* [EXERCISE INSTRUCTIONS]:
In the data that follows, every line containing the word "szélessége" should be returned.

* [INFORMATION SHOWN]:
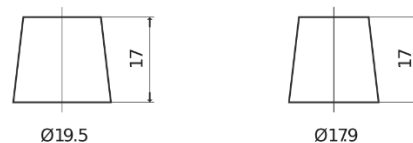

Product overzicht

Accu's voor Auto's

Power DB955

Type	DB955
Technology	Flooded
EAN/GTIN	3661024024464
Voltage	12 V
Capaciteit	95.0 Ah
CCA	760 A
Lengte	306 mm
Breedte	173 mm
Hoogte	222 mm
Box size	D31
Polariteit	ETN 1
Pooltype	EN taper post
Houd ingedrukt	Korean B1
Gewicht (onder voorbehoud)	20.60 kg

Polariteit

Pooltype

Positive Terminal

Negative Terminal

Houd ingedrukt

Ontwerp, kenmerken en specificaties kunnen zonder voorafgaande kennisgeving worden gewijzigd. We wijzen elke verklaring of garantie af, expliciet of impliciet, met betrekking tot de gegevens of aanbevelingen, en zijn in geen geval aansprakelijk voor enig verlies of schade waarvan beweerd wordt dat deze het gevolg is. Sommige producten zijn mogelijk niet beschikbaar in uw lokale markt.
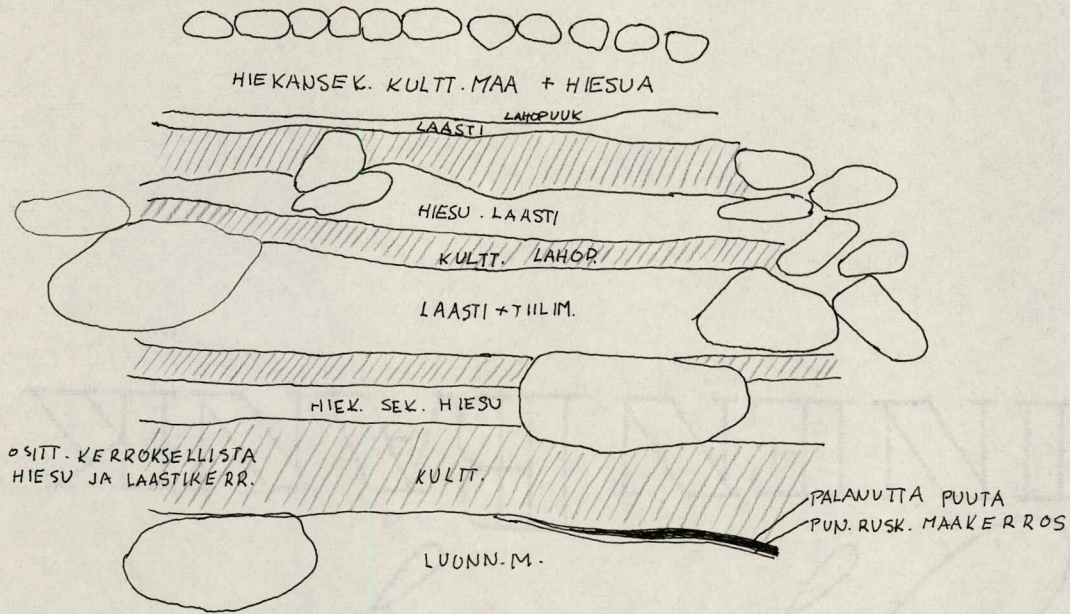

KUVA 2, KAIV.KERT.  
OLAVINLINNA  
ISO LINNANPIHA  
MITTASI JA PIIRSI V1967 PMANNINEN  
KOPI 1967 THEININEN

ANTURA

+80.10

KUVA 4.

*Syväkylä*  
LINNEN BANK

MK 1:50

+ 81.00

ITÄPATTERIN EDUSTAN  
 VALONHEITÄJÄN ANTURAN  
 KAIVANTO  
 KUVA ON LUONNOSMAINEN  
 MK 1-20  
 1967

KUVA 8  
KAIU. KERT. 1962

KUVA g.

ISO LINNANPIHA  
LÄMPÖKANAVAN KAINANTO Q-P  
MAALEIKKAUS  
MK 1/20  
1967

EERIKIN-  
TORNI

ETELÄPATTERIN HUONEEN N104  
 LÄNSISIVUN ULKOPUOLEN KAIVANTO  
 PALANUT LANKKUTASO
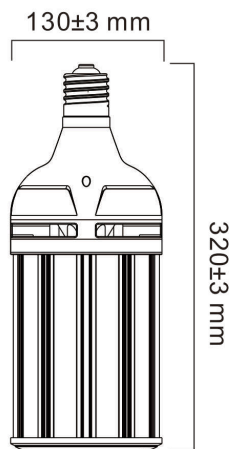

TOLEDO PERFORMER T130 13000LM 840 E40 SL

Cikkszám 0028376

SYLVANIA

- Direct retrofit replacement for high-pressure mercury vapor lamps (HPMV) • 50,000 hours average rated lifetime • Up to 78% energy saving compared to the standard high-pressure mercury vapor lamps • Mercury-free solution • Lower maintenance cost • High lumen efficacy • Dual operating mode – compatible with HPMV magnetic ballast and also, suitable for AC direct mains 120-240V operation • High surge voltage protection: 4kV • Suitable for both open and enclosed luminaires • Wide light distribution • High switching cycles – 200,000X • High colour rendering – CRI80 • Minimum and maximum operating temperature: -30°C to 50°C

Műszaki eszközök

Méretetek (mm)

Fotometriák

TOLEDO PERFORMER T130 13000LM 840 E40 SL

Cikkszám 0028376

SYLVANIA

Általános adatok

Termék neve	TOLEDO PERFORMER T130 13000LM 840 E40 SL
Technológia	LED
Teljesítmény (névleges) (W)	110
Foglalat/Fejelés	E40
Lámpatest besorolása	Nyitott
Általános alkalmazás	Logisztika & Ipar
Teljesítmény környezeti hőmérséklet Tq (° C)	25
ETIM osztály	EC001959
E-szám Finnország	4740743
Garancia	5 év

Élettartam adatok

Átlagos élettartam (nominális) (h)	50000
Átlagos élettartam (névleges) (h)	50000

Fizikai adatok

Névleges termék hossz (mm)	320
Névleges termék átmérő (mm)	130
Súly (kg)	1.85

Csomagolás

Termék EAN-kódja	5410288283760
Egyedi csomagolás hossza / magassága (cm)	17.3
Egyedi csomagolás szélessége (cm)	35.6
Egyedi csomagolás mélysége (cm)	16.1
DUN14 (belső)	15410288283767
Mennyiség egy külső csomagban	4
Gyűjtő csomagolás hossza / magassága (cm)	36.1
Gyűjtő csomagolás szélessége (cm)	34.0
Gyűjtő csomagolás mélysége (cm)	36.5

* [WRITTEN ANSWER]:
Egyedi csomagolás szélessége (cm)	35.6
Gyűjtő csomagolás szélessége (cm)	34.0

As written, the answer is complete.